If you are an enterprise customer, I'd like to encourage you to reach out to AWS Support about your use case too.

Thanks you for review and question.
Currently, secrets-store-csi-driver-provider-aws supports fetching secrets using IRSA or pod identity. In a cross-account setup (for example, EKS in Account A and Secrets Manager in Account B), this requires:

The IRSA role to have secretsmanager:GetSecretValue permissions, and

A resource policy on the secret in Account B explicitly allowing access from the IRSA role.

This introduces significant operational overhead when managing cross-account secrets.

If the provider supported specifying an assumeRole, the IRSA role would only need permission to assume that role. All Secrets Manager actions would then be performed using the assumed role, eliminating the need for:

Direct Secrets Manager permissions on the IRSA role, and

Resource policies on the secret for each consuming role.

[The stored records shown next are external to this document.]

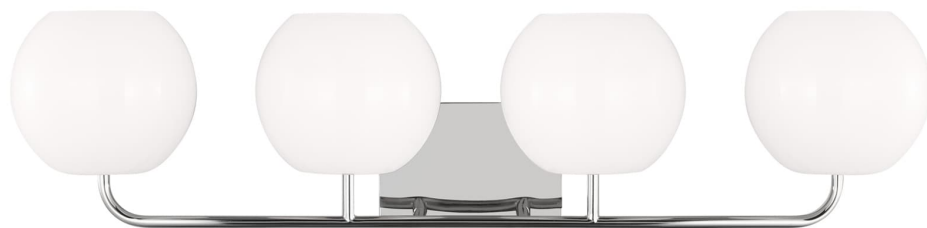

Спецификация Артикул: GLV1014CH

Бра для ванной

Rory Extra Large Vanity

дизайнер: Sea Gull Collection

Ширина: 86.4 см

Высота: 20.3 см

Задняя панель: DP

Цоколь: 4 - Medium - A19

Рейтинг: Damp Rated

Абажур: Glass Opal

Отделка: Хром

VISUAL COMFORT & Co.

spb LIGHTING

Санкт-Петербург, Академика Павлова д. 6 к. 1,

ежедневно 10:00 - 20:00

sales@spblighting.ru
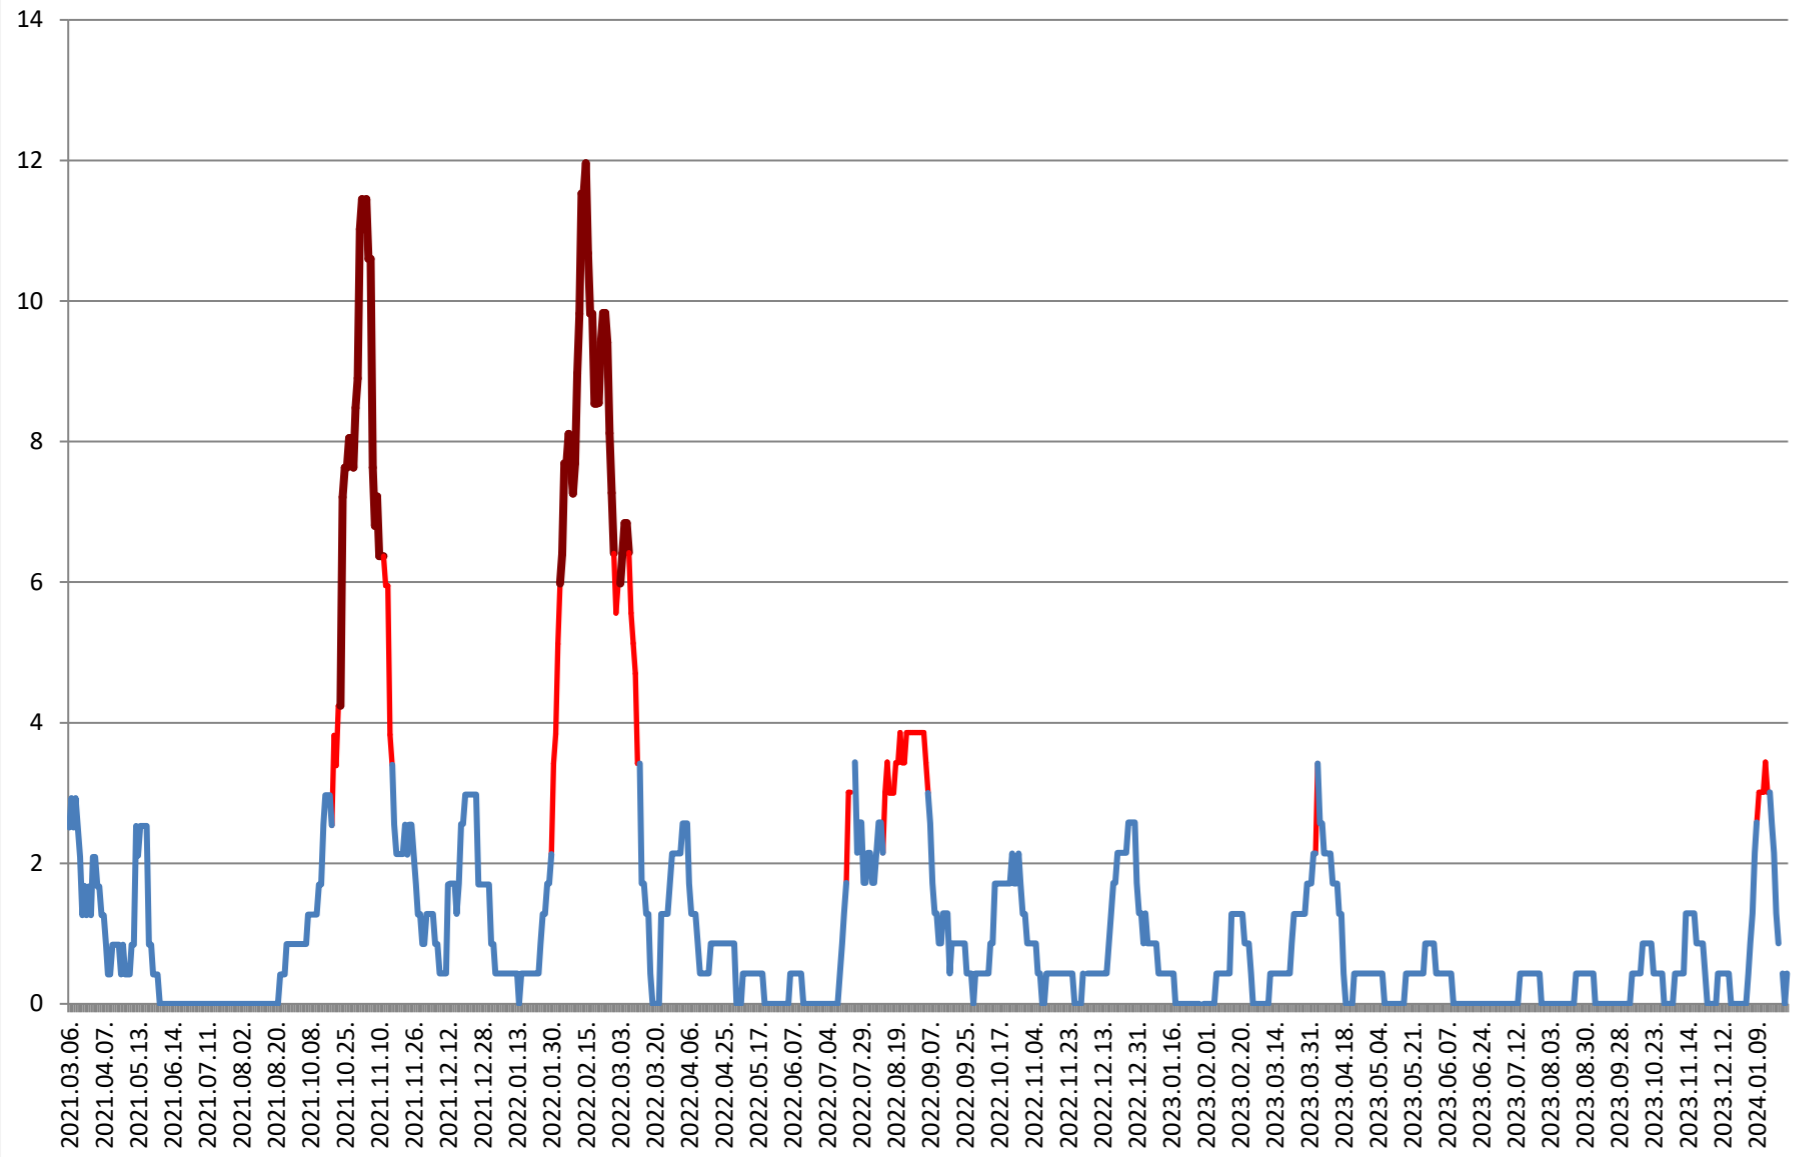

DĂNEȘTI - Evolutia incidentei cumulate pe 14 zile la ‰ de locuitori 2021.03.07. - 2024.02.02.

DÂRJIU - Evolutia incidentei cumulate pe 14 zile la ‰ de locuitori 2021.03.07. - 2024.02.02.

DEALU - Evolutia incidentei cumulate pe 14 zile la ‰ de locuitori 2021.03.07. - 2024.02.02.

DITRĂU - Evolutia incidentei cumulate pe 14 zile la % de locuitori 2021.03.07. - 2024.02.02.

FELICENI - Evolutia incidentei cumulate pe 14 zile la ‰ de locuitori 2021.03.07. - 2024.02.02.

FRUMOASA - Evolutia incidentei cumulate pe 14 zile la ‰ de locuitori 2021.03.07. - 2024.02.02.

GĂLĂUȚAȘ - Evolutia incidentei cumulate pe 14 zile la % de locuitori 2021.03.07. - 2024.02.02.

**MUNICIPIUL GHEORGHENI - Evolutia incidentei cumulate pe 14 zile la %
de locuitori
2021.03.07. - 2024.02.02.**

JOSENI - Evolutia incidentei cumulate pe 14 zile la ‰ de locuitori
2021.03.07. - 2024.02.02.

LĂZAREA - Evolutia incidentei cumulate pe 14 zile la % de locuitori 2021.03.07. - 2024.02.02.

LELICENI - Evolutia incidentei cumulate pe 14 zile la ‰ de locuitori 2021.03.07. - 2024.02.02.
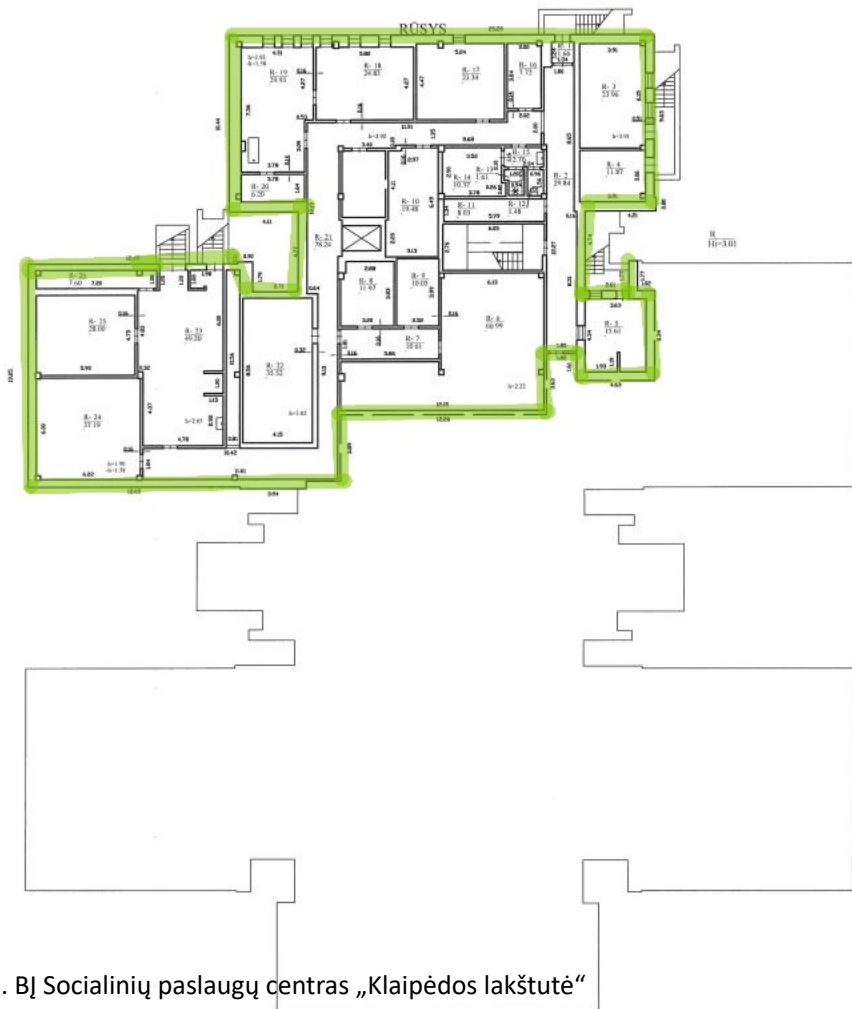

51

156

03 02 00

7. BĮ Socialinių paslaugų centras „Klaipėdos lakštutė“

8. B] Klaipešos Juozo Karoso muzikos mokykla

RŪSIO PLANAS

UAB "Geosmart"
Kval. paž. numeris 2M-M-2512, išduotas 2017-04-21

Matavimo kvalifikacijos pažymėjimo Nr.	Pareigos	Vardas ir pavardė
2M-M-2512	Mataviminkas	VIKTOR KROMIN

This approach simplifies cross-account access patterns and aligns well with common AWS security practices.

[codecov]

Codecov Report

❌ Patch coverage is 75.60976% with 10 lines in your changes missing coverage. Please review.
✅ Project coverage is 60.25%. Comparing base (6dbe3b9) to head (54f359f).

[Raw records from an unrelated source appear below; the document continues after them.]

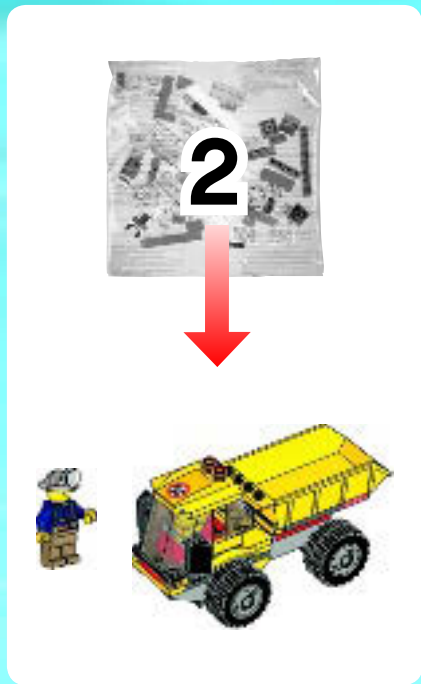

CITY

4201

WARNING: CHOKING HAZARD.
Toy contains small parts and a small ball.
Not for children under 3 years.

AVERTISSEMENT : RISQUE D'ÉTOUFFEMENT.
Le jouet contient des petites pièces ainsi qu'une petite boule.
Il ne convient pas aux enfants de moins de 3 ans.

ADVERTENCIA: PELIGRO DE ASFIXIA.
Juguete que contiene partes pequeñas y una pelota pequeña.
No recomendado para niños menores de 3 años.

1

2

3

4

5

6

7
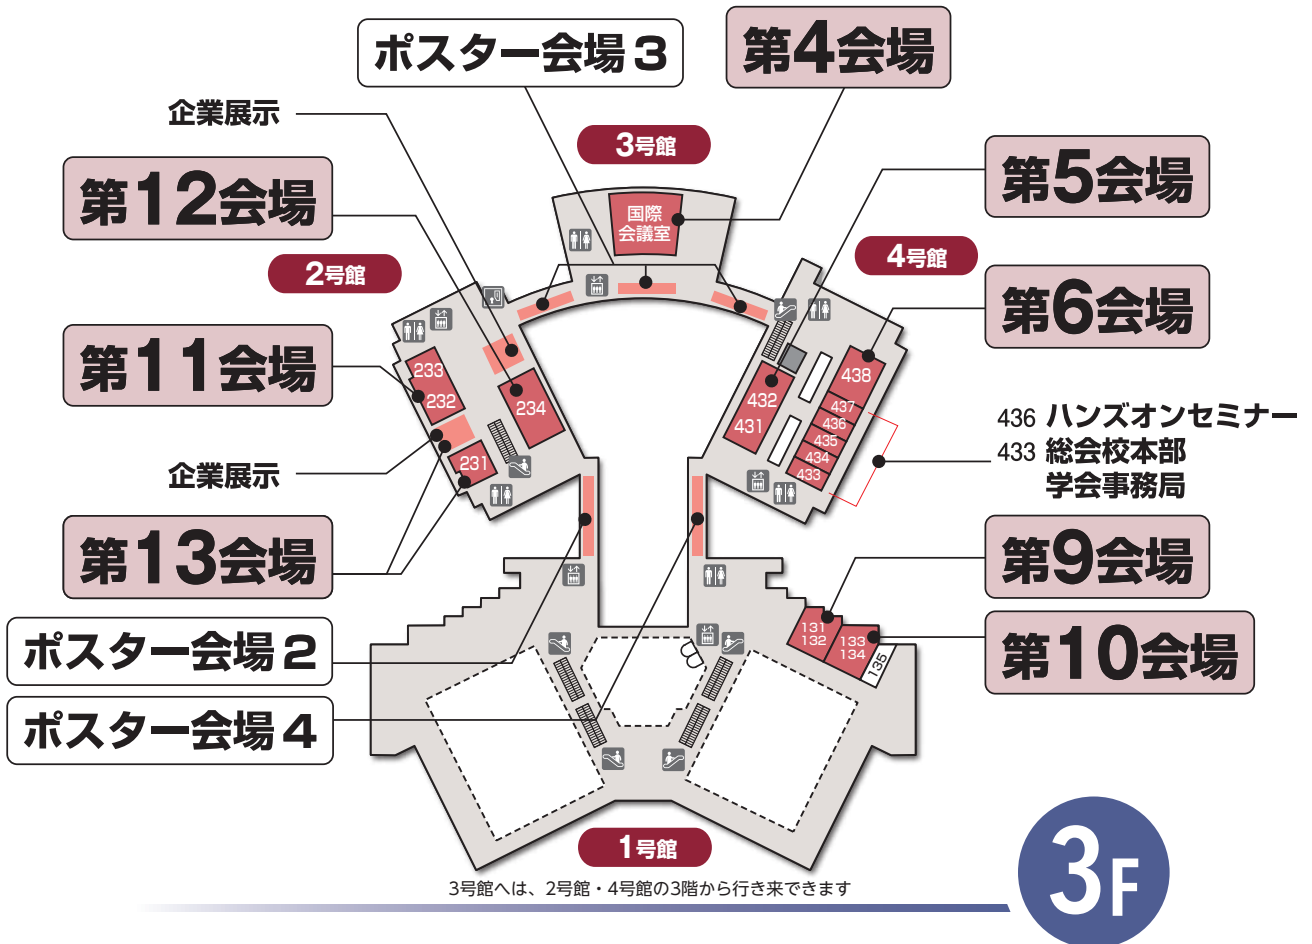

交通案内図

会場周辺図

名古屋学院大学側

堀川

名古屋国際会議場側

会場案内図

名古屋国際会議場

会場案内図

名古屋国際会議場

名古屋学院大学白鳥学舎 翼館

第16会場

4F

Files with missing lines	Patch %	Lines
server/server.go	41.17%	9 Missing and 1 partial ⚠️

Additional details and impacted files

@@            Coverage Diff             @@
##             main     #555      +/-   ##
==========================================
+ Coverage   60.10%   60.25%   +0.14%     
==========================================
  Files          11       11              
  Lines         762      790      +28     
==========================================
+ Hits          458      476      +18     
- Misses        287      296       +9     
- Partials       17       18       +1     

☔ View full report in Codecov by Sentry.
📢 Have feedback on the report? Share it here.

🚀 New features to boost your workflow:

• ❄️ Test Analytics: Detect flaky tests, report on failures, and find test suite problems.

[dvp34]

Hello @simonmarty I would appreciate your review on this PR again. Please do let me know if there are any other comments/questions you may have. Thank you!